> TASK BRIEF
Repeat the lines of the material below exactly, beginning at the one with "AlphaGateway SMG Application" and stopping after the last.

> DATASET RECORDS

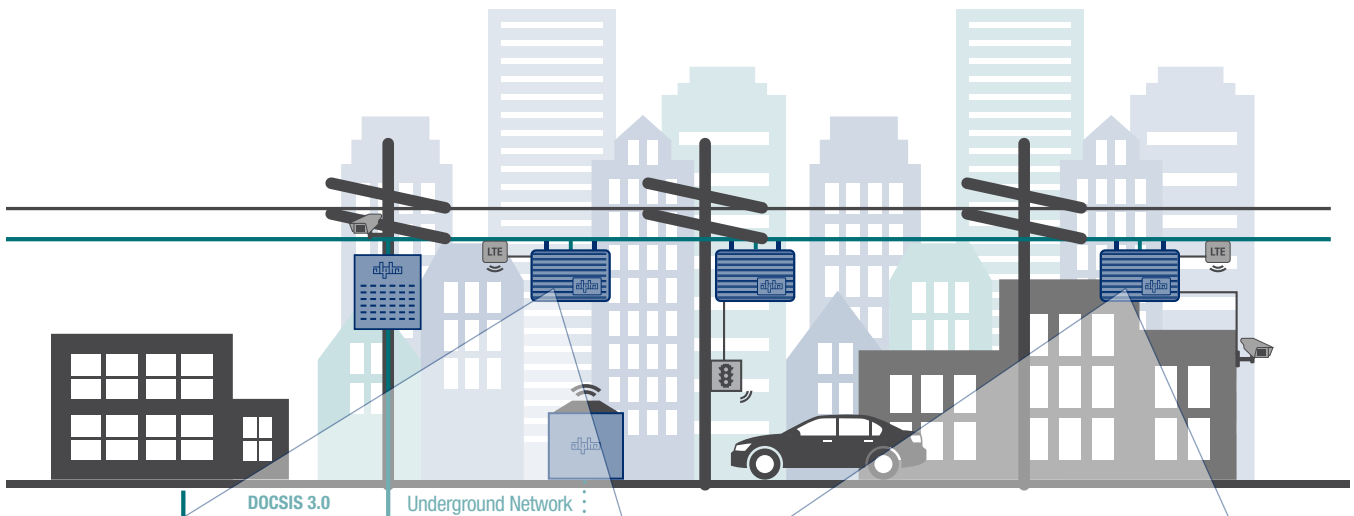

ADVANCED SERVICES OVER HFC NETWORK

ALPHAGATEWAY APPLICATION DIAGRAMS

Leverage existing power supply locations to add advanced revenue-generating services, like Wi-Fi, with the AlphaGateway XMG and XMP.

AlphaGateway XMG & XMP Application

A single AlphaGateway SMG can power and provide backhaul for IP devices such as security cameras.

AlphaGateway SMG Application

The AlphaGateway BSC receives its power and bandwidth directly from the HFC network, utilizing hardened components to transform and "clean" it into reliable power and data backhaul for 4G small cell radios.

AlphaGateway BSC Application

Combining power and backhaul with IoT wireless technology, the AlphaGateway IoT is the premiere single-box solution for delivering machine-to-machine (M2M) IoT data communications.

> REPLY
AlphaGateway SMG Application

The AlphaGateway BSC receives its power and bandwidth directly from the HFC network, utilizing hardened components to transform and "clean" it into reliable power and data backhaul for 4G small cell radios.

AlphaGateway BSC Application

Combining power and backhaul with IoT wireless technology, the AlphaGateway IoT is the premiere single-box solution for delivering machine-to-machine (M2M) IoT data communications.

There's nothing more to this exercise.